How many lines in the data below have the string "Fabric"? Reply with the number alone.

--- DATA UNDER STUDY Enclosed Below ---

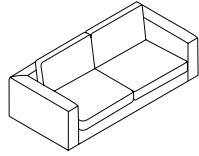

CELLO – LIVING

STRAIGHT ARM – CLASSIC

ARMLESS SWIVEL CHAIR

36" w × 39" d × 30.5" h
Fabric 30337-71
Leather 37337-71

NARROW LOVESEAT

77" w × 39" d × 30" h
Fabric 30337-03
Leather 37337-03

85" SOFA

85" w × 39" d × 30" h
Fabric 30337,-33
Leather 37337-33

--- End of Enclosed DATA UNDER STUDY ---

• _RESULT FOR THIS TASK_
3